Глава IV

Онлайн чтение книги Ты и я You and I
Глава IV

— Я считаю, что это затея безумная, — говорила Сильвия Меннерс, — положительно безумная. Ты раз бросила человека, потому что он надоел тебе, и ты скучала с ним, и бросишь второй раз по той же причине. Поверь мне, Верона, если человек кажется скучным, — это уж раз навсегда. Мужчин, которые с течением времени надоедают все больше и больше, я видела сколько угодно — почти все они такие, — но не видывала человека, который изменился бы к лучшему в этом отношении. Да и помимо того, если уж ты непременно хочешь снова выйти замуж, что, ради самого неба, говорит в пользу Карди скорее, чем в пользу кого-нибудь другого… если не считать того, что он красив? Красив, спора нет, но, как говорится у классиков: "есть многие другие!" Он небогат…

— Зато я богата, — перебила ее Верона Торренс своим чудесным голосом, — Торренс оставил мне все решительно.

Миссис Меннерс нагнулась вперед, настойчиво всматриваясь в Верону, насколько можно было всматриваться при свете красиво затененной лампы.

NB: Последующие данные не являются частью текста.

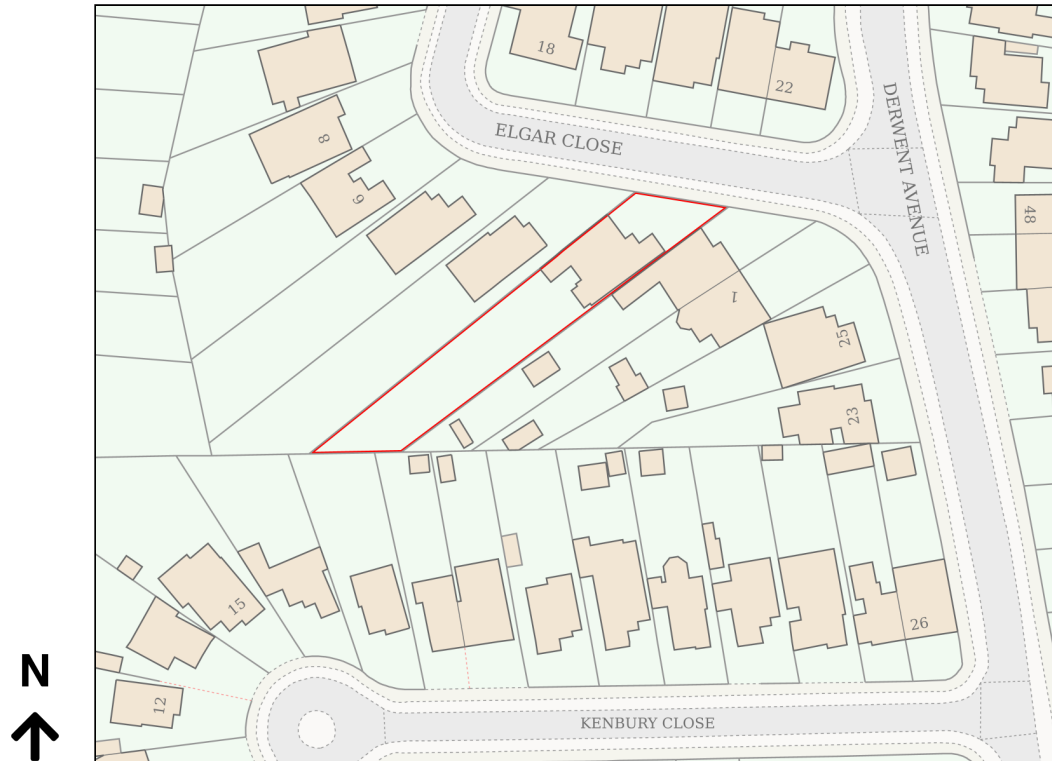

Location Plan

Site Address: 3, Elgar Close, Ickenham, UB10 8HN

Date Produced: 15-May-2026

Scale: 1:1250 @A4

Planning Portal Reference: PP-14938185v1
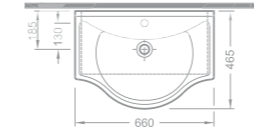

1059

Etajerli Lavabo /
Vanity Washbasin

Ebat (Size): 53 cm

Ağırlık (Weight): 13,50 kg

Paketleme (Packaging): Kutulu Box

Palet Adeti (Number of Pallets): 24

İhr. Palet Adt. (Exp. Pallet Qty): 24

148 TL
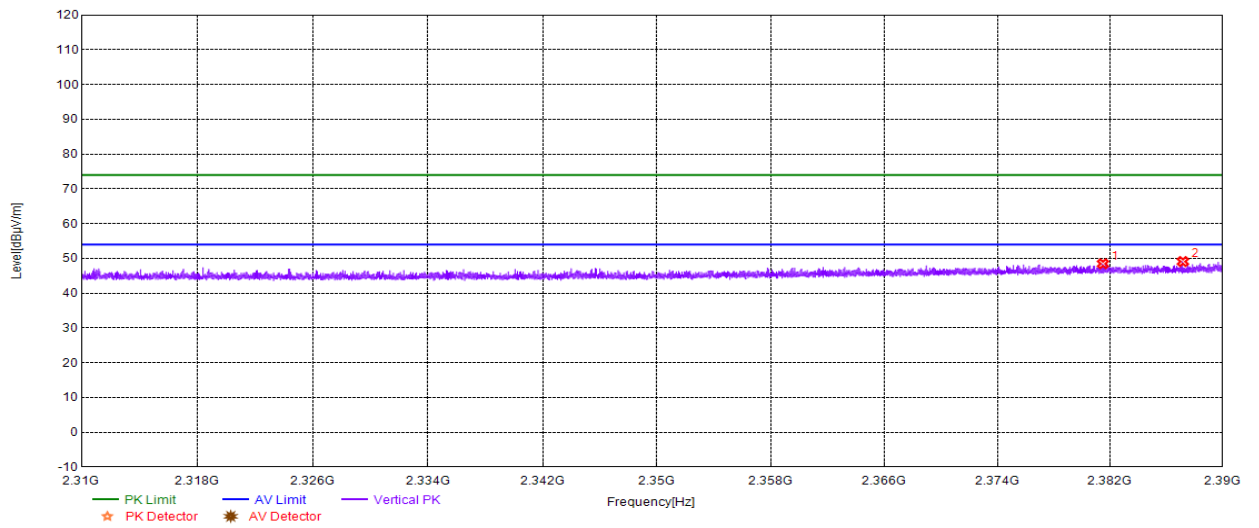

Mode:	2-DH5 2402	Voltage:	DC 3.7V

Test Graph

PK Final Data List								
NO.	Freq. [MHz]	PK Reading [dBµV/m]	Level [dBµV/m]	Factor [dB/m]	Limit [dBµV/m]	Margin [dB]	Polarity	Verdict
1	2381.47	66.50	48.47	-18.03	74.00	25.53	Vertical	PASS
2	2387.15	66.84	49.11	-17.73	74.00	24.89	Vertical	PASS
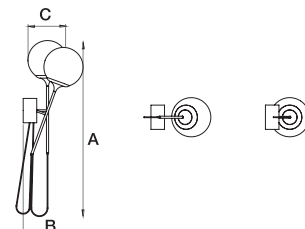

Cristalglob AP

Art. APPLIQUE	W	V	Lumen	°K LED	A cm	B cm	C cm	LED
	9	220	1430	2700/3000	40	20	15	500 mA CRI90
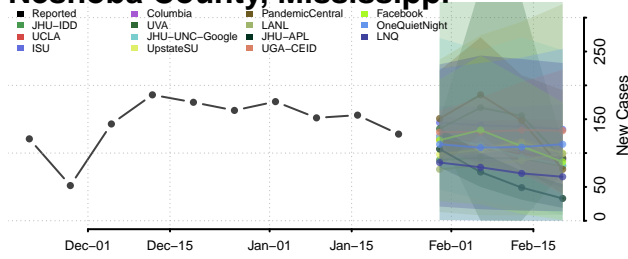

Neshoba County, Mississippi
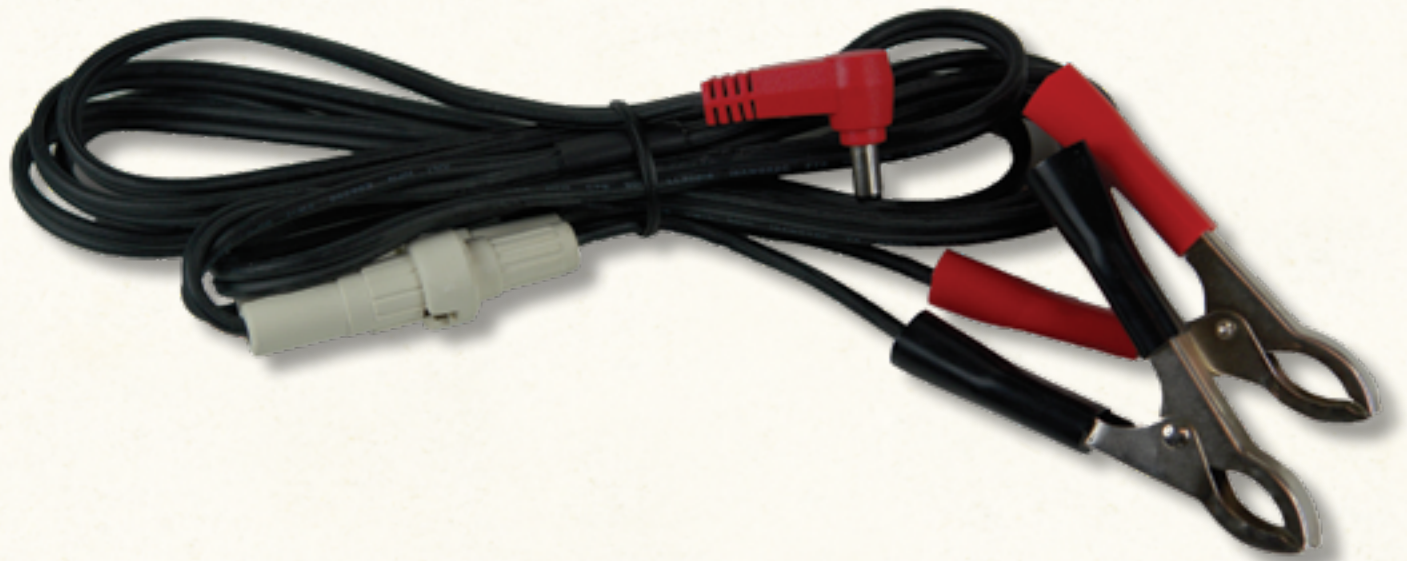

NAVIGATION

HOME

ETHOS FAMILY

ETHOS EDGE

EXPAND

**12V POWER CABLE /
BATTERY CLIP**

ETHOS EDGE

Snap-on

12V POWER CABLE / BATTERY CLIP

12v power cable with clips to connect scan tool to vehicle battery. Provides power for OBD-I scan tool applications.

EAX0066L04B

DIAGNOSTIC ACCESSORIES | VOL 1 2019
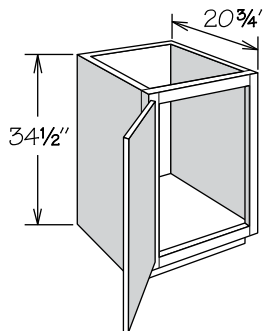

Vanity Base

1 Full-Height Door • 34½" High

VB1234H FH	APC
VB1534H FH	CFO
VB1834H FH	FE
VB2134H FH	PE
	RD
	RTK

- Full-height door
- No shelf
- Not drilled for adjustable shelf
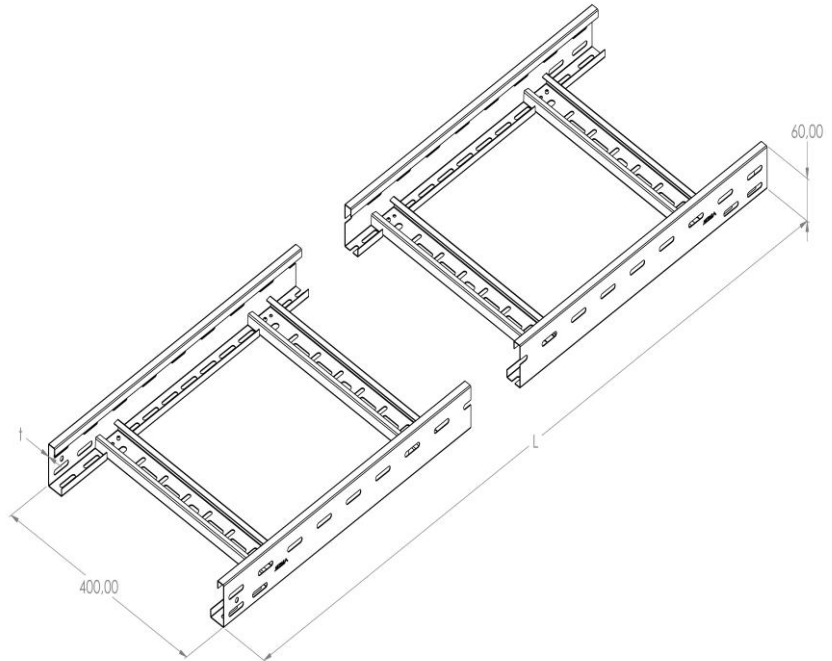

**Product:** KLA 60/400

**Product code:** 88301114

Cable ladders of 60 mm in height

<b>Standard:</b>	EN 61537:2007 Cable management - Cable tray systems and cable ladder systems
<b>Dimensions:</b>	Length: 3000 mm
	Width: 400 mm
	Height: 60 mm
	Metal thickness: 2 mm
<b>Weight:</b>	5,3 kg
<b>Material:</b>	Aluminum
<b>Contribution to fire:</b>	Non-flame propagating system
<b>Electrical characteristics:</b>	Electrically conductive system
<b>Electrical continuity:</b>	Yes
<b>Corrosion resistance:</b>	Class
<b>Perforation:</b>	Class Y
<b>Temperature:</b>	Min: -20°C; Max: +105°C
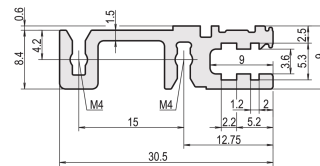

## CATALOG NUMBER

**34560-784**

Combinations of horizontal rails and side panels

|                 |             | + = can be combined, - = combination not recommended |   |   |   |
|-----------------|-------------|--|---|---|---|
| Horizontal rail | Light 1-F   | -  | + | + | + |
| Horizontal rail | Flashed 1-F | +  | + | + | + |
| Horizontal rail | Heavy 2-F   | +  | + | - | - |
| Side panel      | Light 1-F   |  |   |   |   |
|                 | Flashed 1-F |  |   |   |   |
|                 | Heavy 2-F   |  |   |   |   |
|                 | Rugged 1-F  |  |   |   |   |

## PRODUCT ATTRIBUTES

Rack Width: 84HP

Width: 431.8mm

Package Quantity: 1

Depth: 30.5mm

Finish: Anodized

Height: 9mm

Length: 431.8mm
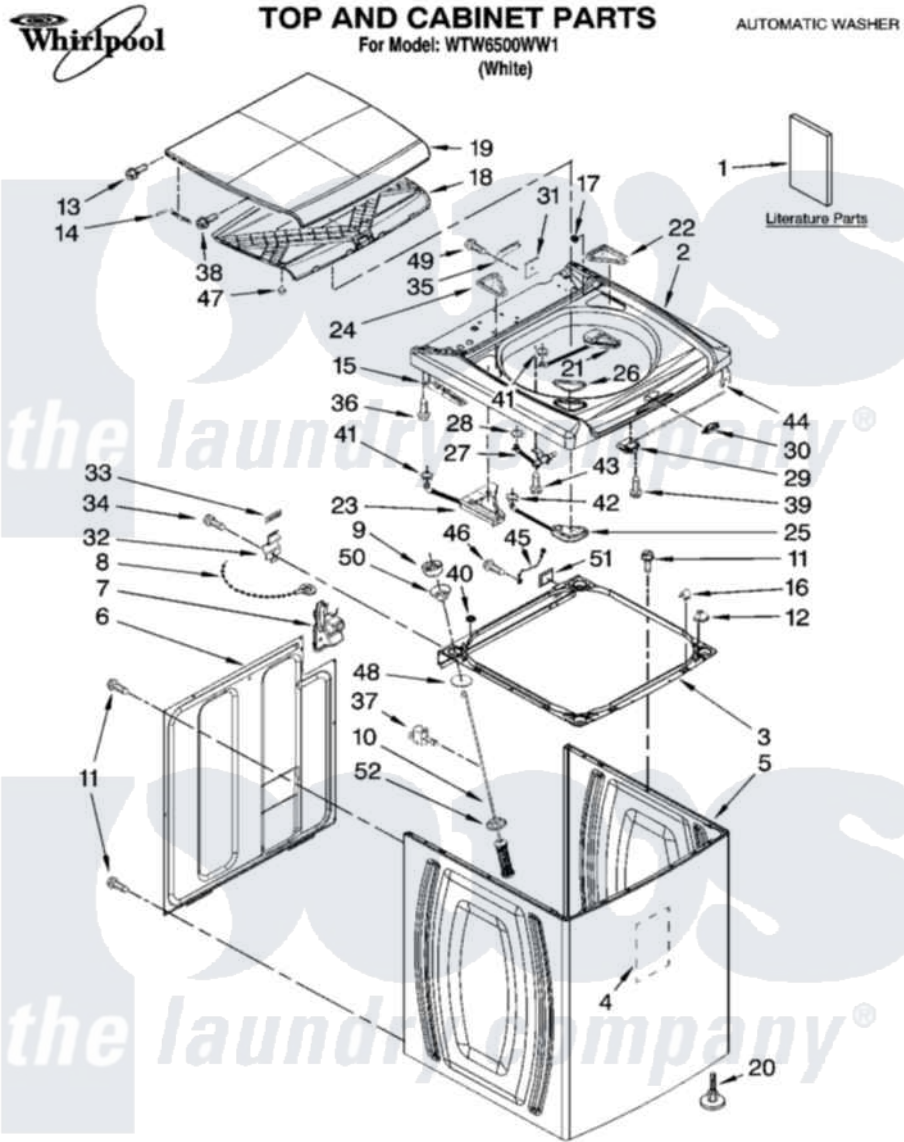

Whirlpool WTW6500WW1 01 - TOP AND CABINET PARTS

2-09 Litho in U.S.A. (dtd) (psw)

1

Part No. W10233158 Rev. A

Whirlpool [Residential Whirlpool WTW6500WW1 Washer Parts](#) Parts Diagram 01 - TOP AND CABINET PARTS
 Click on the part number to view part

Item	Original Part Number	Replaced By	Status	Part Description
1	W10240438		Not Available	Installation Instructions (English/French)
"	W10240439		Not Available	Installation Instructions (Spanish)
"	W10240440			Use And Care Guide
"	W10240441		Not Available	Use & Care Guide (Spanish)
"	W10026634		Not Available	Tech Sheet
"	W10026652		Not Available	Improved Wash Performance Sheet (English/French)
"	W10178406		Not Available	Improved Wash Performance Sheet (Spanish)
"	8577781		Not Available	Wiring Diagram
"	W10062896		Not Available	Energy Guide
2	8565314			Top
3	W10162416	W10180912		Frame
4	8576784			Sound Absorber, Cabinet
5	8566156	W10069980		Cabinet
6	8566090			Panel, Rear
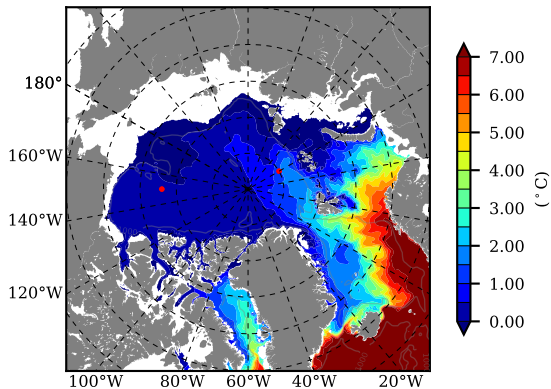

ILBOXE68 AW Max Temp over  
2012

AW Max Temp from  
PHC 3.0

ILBOXE68 AW Max Temp depth

AW Max Temp depth from  
PHC 3.0

На лице Вероны не отражалось ничего, а при этом освещении не видно было тонких, едва намечавшихся морщинок и очень искусной гримировки. Ей можно было дать сейчас лет двадцать семь. А было ей под сорок, — Сильвия Меннерс знала это наверное. На ней было кружевное платье цвета старой слоновой кости, прекрасно оттенявшее светлый тон кожи и сообщавшее особенный блеск ее жемчугам. В комнате, как и в наряде, усиленно повторялось сочетание крем с золотом; в драпировках из старинного золотистого атласа, подбитого матовым шелком крем, в изумительном камине из итальянского мрамора, полированного руками людей до тех пор, пока он не приобрел тот мягкий, пепельно-белый оттенок, который встречается так редко.

— О да, я богата, — повторила Верона, — но и Карди ведь не нищий.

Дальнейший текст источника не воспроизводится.